** EXERCISE INSTRUCTIONS **
Of all the entries below, retype only the lines from the one with "KIN 168C SERIES" through the one with "1,2 m x 1,4 m", exactly as they appear.

** Dataset records **
* * * * * * *

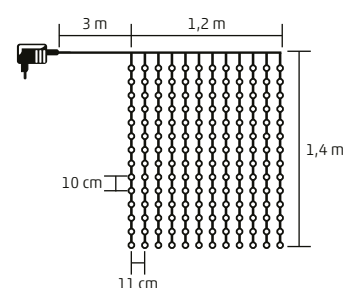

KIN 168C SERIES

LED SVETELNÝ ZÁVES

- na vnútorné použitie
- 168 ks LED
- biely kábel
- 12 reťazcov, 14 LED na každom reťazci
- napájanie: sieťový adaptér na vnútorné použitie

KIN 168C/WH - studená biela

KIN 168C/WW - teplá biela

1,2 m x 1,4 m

* * * * * * *

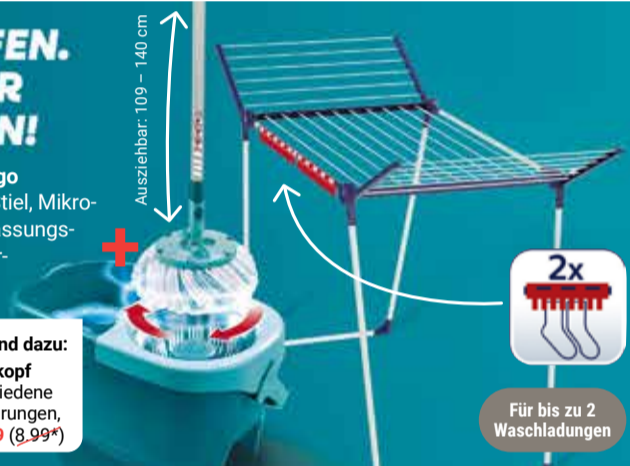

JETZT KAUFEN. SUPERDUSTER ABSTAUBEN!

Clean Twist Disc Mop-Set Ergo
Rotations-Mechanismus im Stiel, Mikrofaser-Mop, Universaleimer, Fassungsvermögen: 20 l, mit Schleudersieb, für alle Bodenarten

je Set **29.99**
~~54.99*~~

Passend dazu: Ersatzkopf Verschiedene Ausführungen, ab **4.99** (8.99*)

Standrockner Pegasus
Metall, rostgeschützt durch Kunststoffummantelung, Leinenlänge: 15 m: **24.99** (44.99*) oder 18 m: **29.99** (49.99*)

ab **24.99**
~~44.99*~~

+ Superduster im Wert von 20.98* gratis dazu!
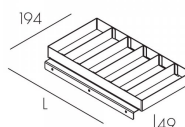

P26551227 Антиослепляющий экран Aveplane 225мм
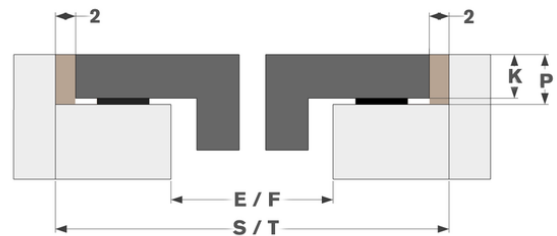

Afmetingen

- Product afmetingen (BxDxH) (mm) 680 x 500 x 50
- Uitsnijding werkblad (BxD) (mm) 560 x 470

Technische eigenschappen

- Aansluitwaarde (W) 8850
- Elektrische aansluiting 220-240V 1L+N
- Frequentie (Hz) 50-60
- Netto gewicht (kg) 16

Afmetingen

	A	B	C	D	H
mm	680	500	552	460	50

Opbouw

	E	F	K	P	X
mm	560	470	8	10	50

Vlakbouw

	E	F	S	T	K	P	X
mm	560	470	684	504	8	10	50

* * * * * * *

** EXERCISE RESULT **
KIN 168C SERIES

LED SVETELNÝ ZÁVES

- na vnútorné použitie
- 168 ks LED
- biely kábel
- 12 reťazcov, 14 LED na každom reťazci
- napájanie: sieťový adaptér na vnútorné použitie

KIN 168C/WH - studená biela

KIN 168C/WW - teplá biela

1,2 m x 1,4 m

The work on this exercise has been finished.